Print this pageNumerical Modeling of Fault-Related Folding and Associated Fluid Flow
STRAYER, LUTHER M., and PETER HUDLESTON
Fault-related folds often show evidence for the involvement of fluids during deformation in the form of veins, secondary minerals on fracture surfaces, and stylolites. Fluid flow may occur: a) within the network of discontinuities that includes bedding planes, faults, and fractures; and b) within the pores in the continuum. We investigate such behavior using the numerical code FLAC, creating models of fault-related folds, with and without coupled fluid flow. The rock layers are given elastic-plastic Mohr-Coulomb constitutive relations. Dilation angle, cohesion, porosity, and permeability are also defined. Interfaces and faults are assigned normal and shear stiffnesses, coefficient of friction and cohesion. In these simulations only flow through the continuum is considered.

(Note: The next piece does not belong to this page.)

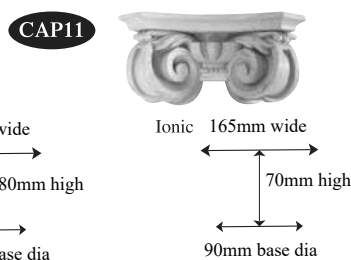

CAP12

Ionic

Our results in 'dry' rock show that fold style depends on the relative rigidity of hangingwall and footwall, friction along the fault, fault 'dip', fault displacement, and the relative ease of local to far-field slip on the fault. Fold styles include fault-bend and fault-propagation types. Our initial 'wet' simulations indicate there is significant fluid flow that is driven only by pressure changes associated with fault movement. In the region around the hangingwall and footwall layer-boundary cutoffs, voids open up during stages of the simulation, consistent with the presence of secondary minerals in similar locations in nature. Other simulations show strong coupling between dilational strain, pore-fluid pressure, and fluid flow. The latter is focused within zones of localized plastic flow that simulate brittle deformation and fault development in nature.